The internet will never crash. Isolated, centralised networks crash. Distributed networks, they don't crash. Sometimes they may fragment for a while if a major backbone goes out, but they won't go out all at once. All the undersea cables are optical. Most of the land based backbones are now optical. We aren't in the doom of the solar flare situation of the internet anymore.
Even if half the world's mains power distribution networks went out, it isn't going to affect everyone all at once, and the providers will be rolling out their backup systems within a day if not sooner.
The solar EMP scenario is less likely than ever. We are well past the most recent solar maxima and though certain politicians are talking up nuclear war nonsense, I think that with the youtube addicts out of supply the pitchforks and flaming torches would see an end to such nonsense pretty fast.
And 'move past currency'? Do you understand what a currency even is? There has never been such a globally connected currency system ever. Most banks are laying billions into moving to distributed systems because of precisely the reasons I mention. The USA is becoming a major liability for the rest of the world. Their power system, it really could go all the way out, for days, maybe even as long as a week. If Yellowstone blew up, and it could, that would be pretty serious, and there is no other place in the world where a volcano could cause so much damage, the biggest one is in the USA. The banks are sick of being held hostage by the payment processing networks in the USA, and I think the 'USA going bananas' is one of the reasons why everyone wants to stop being dependent on them.
Even if somehow, the global banking cartel centered in New York and London were to have their way, and dominate the global money market, it would not last. For all the same reasons. Brittle, centralised, top down networks are unstable. China and Russia's economies have bounced back and are mitigating their problems caused by the bureaucratic infrastructure because they are decentralising, building more horizontal connections between each other.
No, currency is never going away. And a globally connected, failure resistant, distributed crypto currency system, such as is growing now at an ever increasing rate, will connect markets better than they ever have been connected.
Markets can have big nasty burps, now and then, but the problem usually arises because of one centralised network system going down. This has always been true, going all the way back to before the Roman Empire. It's the same reason why there will not be 'Only One Cryptocurrency System'. The same horizontal connectivity issue, the same network redundancy and failure resistance. If bitcoin's code were to be broken, it could take it out for a few days. But people would have backups in other currencies.

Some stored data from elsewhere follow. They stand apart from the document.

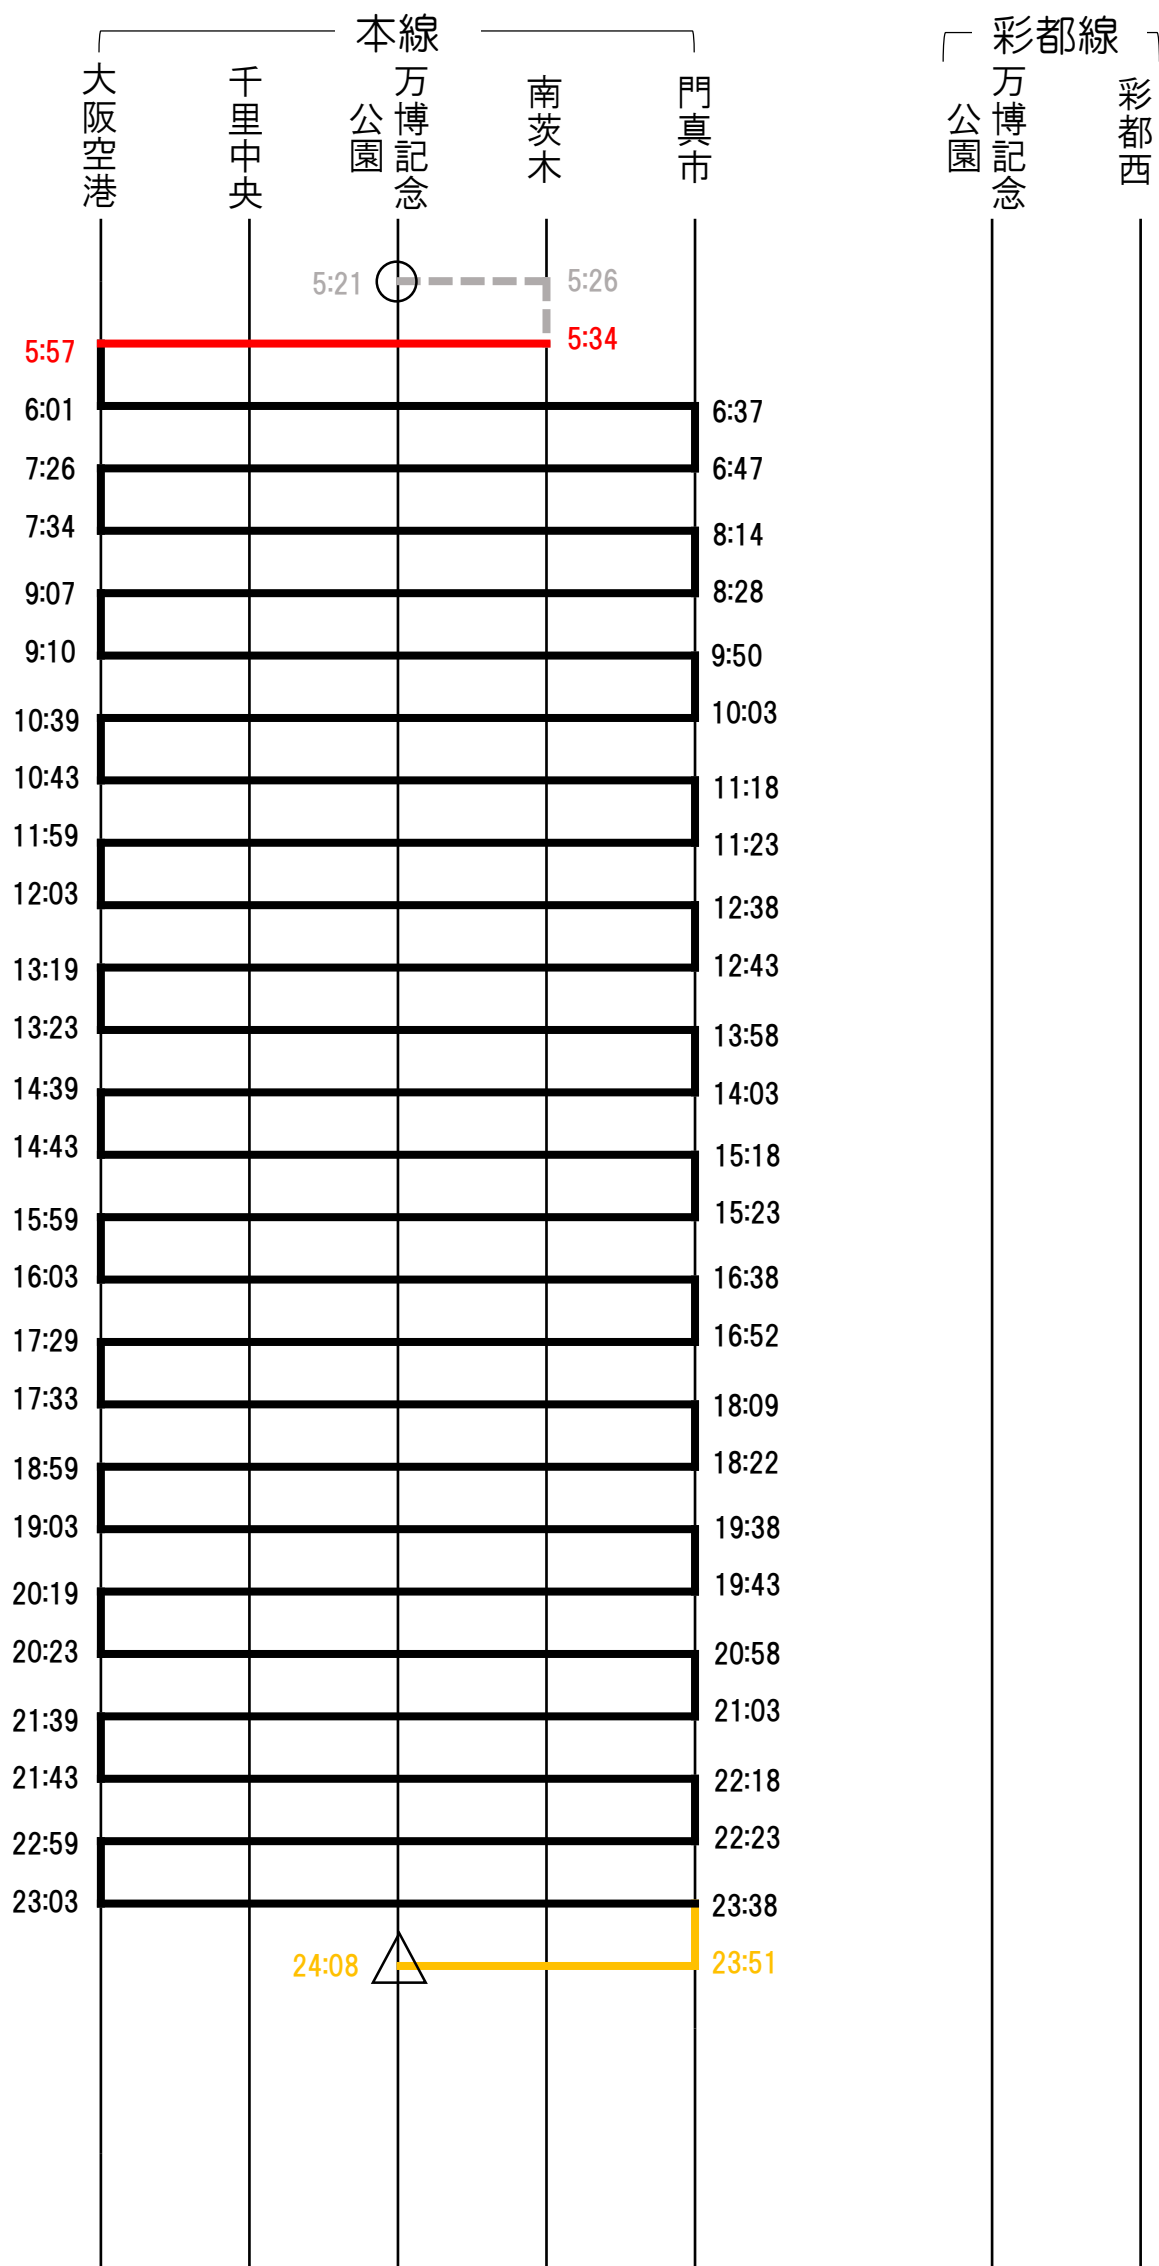

大阪モノレール運用表(平日)

運用一覧

営業開始時 運番	出区	入区	主な運用
502	万博記念公園 05:28	万博記念公園 24:20	日中本線
503	万博記念公園 05:33	万博記念公園 09:34	本線朝入庫
504	万博記念公園 05:21	万博記念公園 24:08	日中本線
505	万博記念公園 05:46	万博記念公園 24:27	日中本線
506	門真市 05:33	万博記念公園 10:26	本線朝入庫
507	大阪空港 05:38	万博記念公園 09:44	本線朝入庫
508	万博記念公園 06:00	万博記念公園 24:04	日中彩都線
510	万博記念公園 05:17	門真市 24:05	日中本線
511	万博記念公園 06:11	大阪空港 24:06	日中本線
540	彩都西 05:33	万博記念公園 09:57	彩都朝入庫
542	万博記念公園 05:28	万博記念公園 11:18	彩都昼入庫
543	万博記念公園 05:40	万博記念公園 23:59	日中本線
545	万博記念公園 05:52	万博記念公園 23:42	日中彩都線
605	万博記念公園 06:41	万博記念公園 24:18	日中本線
609	万博記念公園 06:52	万博記念公園 10:35	本線朝入庫
613RR	万博記念公園 07:04	万博記念公園 24:13	日中本線
643	万博記念公園 06:22	万博記念公園 10:04	彩都朝入庫
647	万博記念公園 06:33	万博記念公園 10:58	彩都昼入庫
1541	万博記念公園 15:03	万博記念公園 24:24	彩都夕出庫
1545	万博記念公園 15:23	万博記念公園 23:16	彩都夕出庫
1608YR	万博記念公園 16:16	万博記念公園 19:54	本線夕出庫
1747	万博記念公園 17:33	彩都西 24:22	彩都夕出庫

※1 門真市、彩都西分散は万博記念公園入出庫になる場合があります。

※2 回送列車の時刻など、1~2分の誤差がある可能性があります。

大阪モノレール運用 (平日) 170603改正

営業開始時運番:502

出区:万博記念公園 05:28

入区:万博記念公園 24:20

大阪モノレール運用 (平日) 170603改正
営業開始時運番:503

出区:万博記念公園 05:33
入区:万博記念公園 09:34

大阪モノレール運用（平日） 170603改正

営業開始時運番:504

出区:万博記念公園 05:21

入区:万博記念公園 24:08

大阪モノレール運用 (平日) 170603改正

営業開始時運番:505

出区:万博記念公園 05:46

入区:万博記念公園 24:27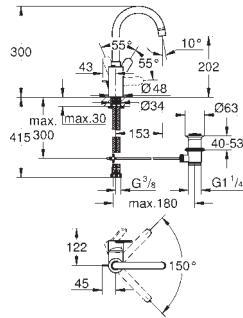

GROHE EUROSTYLE COSMOPOLITAN

Article n°

Couleur

Prix (€)

23 043 003

Chromé

207,00

Eurostyle Cosmopolitan
Mitigeur monocommande Lavabo
Taille L

Monotrou sur plage
Levier de commande métallique
Fixation de poignée invisible
GROHE SilkMove Cartouche en céramique 35 mm
Limiteur de débit ajustable
GROHE StarLight Chrome éclatant et durable
GROHE Zero conduit d'eau isolé sans plomb ni nickel
GROHE FastFixation installation rapide
Mousseur
Bec tube pivotant
Avec butée économique 1/2 débit
Tirette et garniture de vidage 1-1/4"
Flexibles de raccordement souples

20 208 002

Chromé

295,00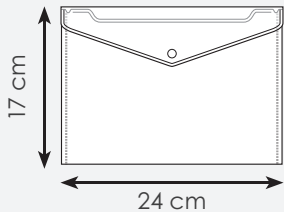

PH507 MINI FLIP

busta portadocumenti in pp
chiusura con bottone

24x17 cm ca
20/600 SE

adatta per
documenti fino
al **formato A5**
(fogli non piegati)

PH507RY

Colori disponibili per PH507 e PH510:

PH510 FLIP

busta portadocumenti in pp
chiusura con bottone

32x23 cm ca
12/480 SE

adatta per
documenti fino
al **formato A4**
(fogli non piegati)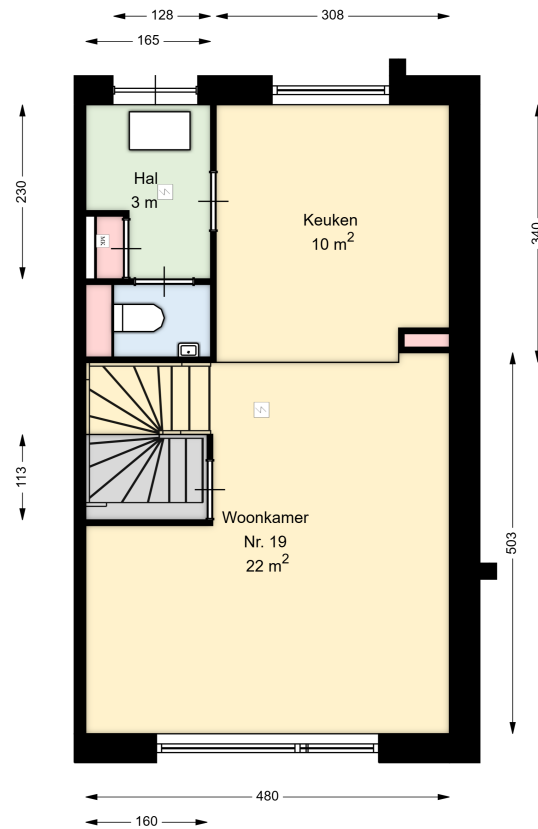

00 BEGANE GROND

Zwaikom 19

8102 GT RAALTE

Datum	13-12-2024
Schaal	1 : 100
Clustercode	21101
OGE Nummer	6620
Type eigendom omschrijving	SallandWonen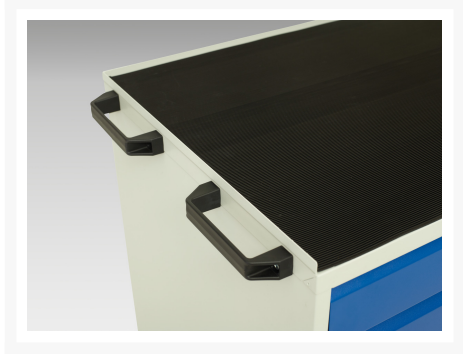

16927055. - verso mobil kabinet

Short Description

verso mobil kabinet Med 6x skuffer og aflægningsbakke
BxDxH: 1050x550x965mm

Product Images

Additional Information

Skuffebæreevne	50 kg
Skuffe højde 1	100mm
Skuffe 1 Interne dimensioner	930mm x 430mm x 75mm
Skuffe højde 2	100mm
Skuffe 2 Interne dimensioner	930mm x 430mm x 75mm
Skuffe højde 3	100mm
Skuffe 3 Interne dimensioner	930mm x 430mm x 75mm
Skuffe højde 4	125mm
Skuffe 4 Interne dimensioner	930mm x 430mm x 100mm
Skuffe højde 5	125mm
Skuffe 5 Interne dimensioner	930mm x 430mm x 100mm
Skuffe højde 6	175mm
Skuffe 6 Interne dimensioner	930mm x 430mm x 150mm
Bredde	1050
Dybde	550
Højde	965
Toldtarifnummer	94032080
Produktmateriale	Stålplade
Produktoverflade	Pulverlakeret

Product Options

Farve:	Ljusgrå/antracitgrå
	Ljusgrå/gentianablå
	Ljusgrå/ljusgrå
	Ljusgrå/purpurrod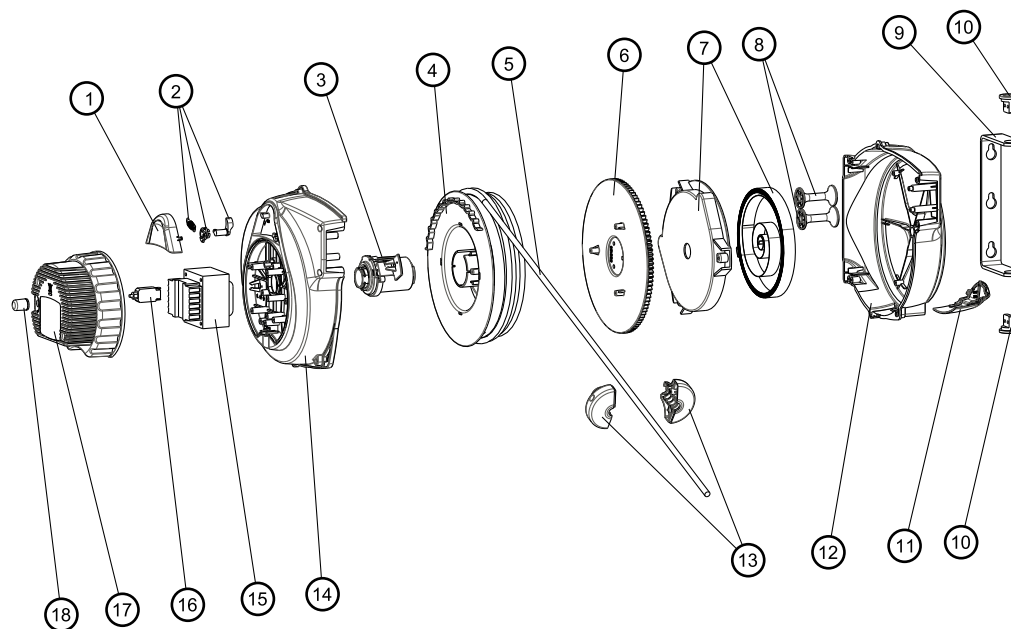

POS	REF.	POS	REF.
1	322226	10	323345
2	704904	11	329213 (Grigio / Grey)
3	704152	12	329101 (Grigio / Grey)
4	322124	13	323536
5	162270	14	329011 (Grigio / Grey)
6	322126	15	122330
7	705035	16	122400
8	322165	17	324297
9	620125	18	232806

Mavel
AUTOMATIC REELS

Economic doomsday is now less likely than ever because of cryptos. Gold cannot travel around the world at the speed of light, across hundreds of parallel links, undersea cables, satellite links. Crypto networks don't use that much bandwidth. It would take such a percentage of them going down all at once for there to be more than a minor panic.
I remember MtGox. I remember Bitfinex. I don't think anyone wants these things to happen again.